I'm now thinking Atlanta or Dallas. Anyone?
thanks,
bruce
@vonskippy:
@bbergman:I picked Fremont because it was close
Close? How so?The Internet is a big place, and unless you're running two-way video or voice, or playing FPS type games, whats a few more milliseconds give or take?
Well, difference in ping between Britain and USA is very noticeable. I become client of Linode only because Linode has data center in London:)
@bbergman:
I think you're missing the point. The DC's are clearly NOT all the same.
I understood you. I put it just as а starting point:)
And I think Dallas, because…
About stability:
Looking at the graphs I see a huge spike for incoming traffic at about that time (8am PST). I'm wondering if someone made a mistake and realized it very quickly after the fact.
@waldo:
Why does it seem that people post in the forums instead of contacting support when they have issues like this?

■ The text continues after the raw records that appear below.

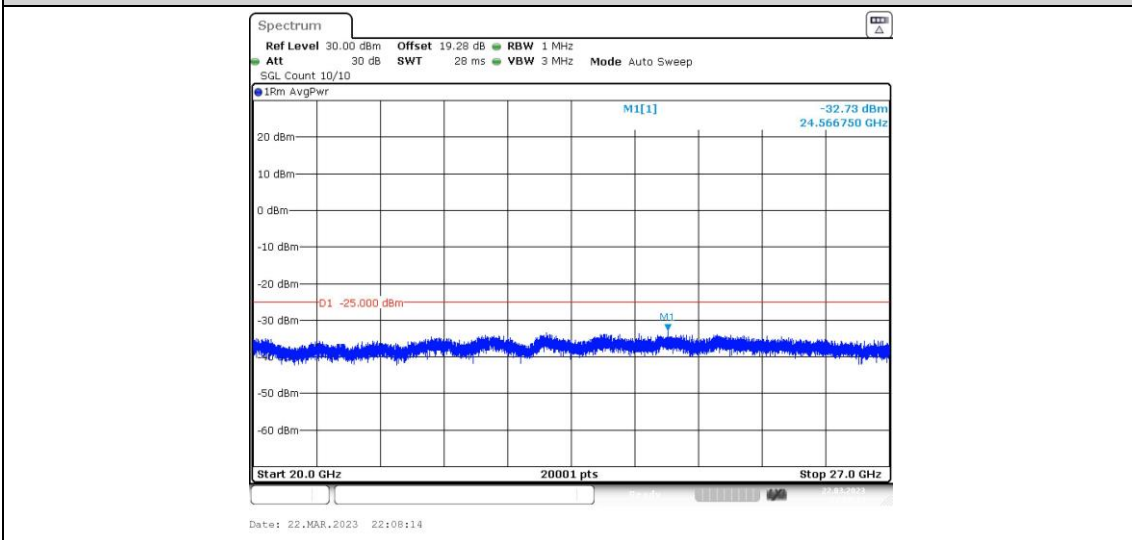

41-41-10MHz-15MHz-64QAM-64QAM-41395-41515-50RB#0-75RB#0-0.009~0.15MHz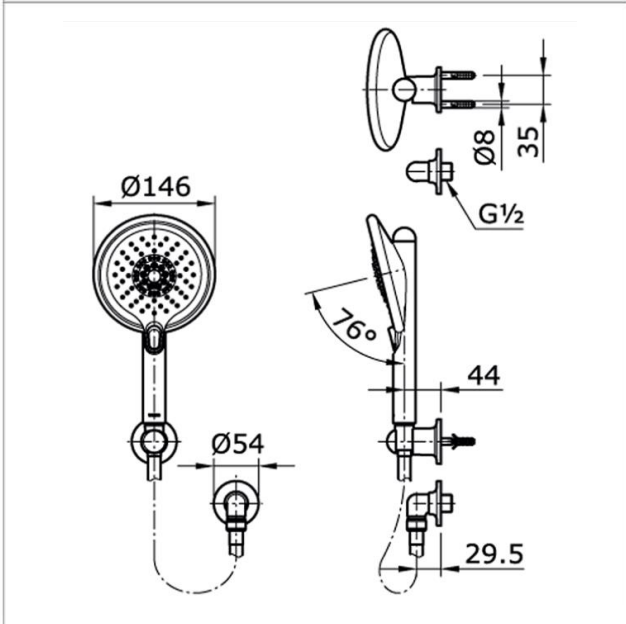

Brand

TOTO

Product Name

TX472SY

Description

- Hand shower set
- Comes with wall outlet

Colour / Material

Chrome

Specifications

Water pressure : 0.05 Mpa ~ 0.75 MPa

It would be nice to hear from someone at Linode to see if it was a Linode or HE issue and with all of the recent issues in Fremont to see if Linode is doing anything, like how hard they're leaning on HE to straighten their stuff up.
Actually, I HAVE created tickets with Support for all of my issues. In fact, the Support folks probably cringe every time I create one.
I came to the forums here because on more than one occasion, the Support folks have told me to look for help here (witness my recent performance issue of about two weeks ago). I think there are some awesomely smart people here, and the more we can share this information and crowd-source solutions, the better.
But yes, Support should always be the first stop. And by all means, I would love to hear an official report from Linode on the Fremont DC. The backup problem is getting almost ridiculous, for one…
thanks,
bruce
@bbergman:
Backups failing every day for over two weeks
DNS Manager issues (reporting zones with errors)
Loss of connectivity today
A single storage pool in Fremont has had problems over the past few weeks, which we've been working on to correct.
Part of the solution requires redistributing the data to more storage capacity that was to be added to the pool in question. We encountered some hardware issues which prolonged adding the additional capacity. This was unanticipated, has since been resolved, and now we're in the final stages of moving the data around (which takes a while!). I'd expect the backup service for those affected to resume normal (even better!) operation within the next day. We're working on it.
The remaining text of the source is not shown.